-- Dataset content follows --

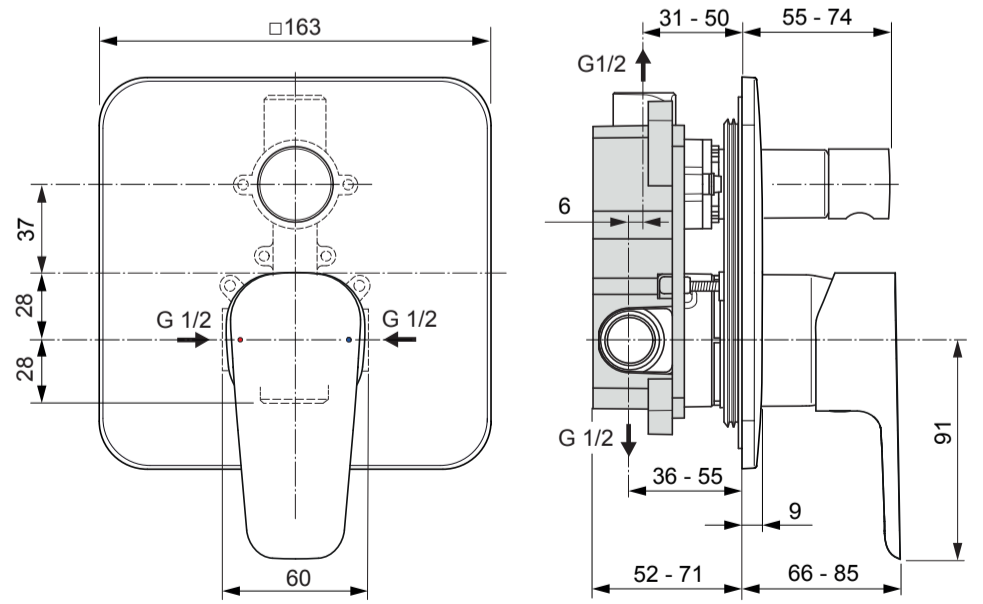

Ideal Standard International NV
Corporate Village - Gent Building
Da Vincilaan 2
1935 Zaventem
Belgium

www.idealstandardinternational.com

-- Dataset content concluded --

Pictures are to be left out; all else in the entries above is to be quoted exactly.

**Result:**
Ideal Standard International NV
Corporate Village - Gent Building
Da Vincilaan 2
1935 Zaventem
Belgium

www.idealstandardinternational.com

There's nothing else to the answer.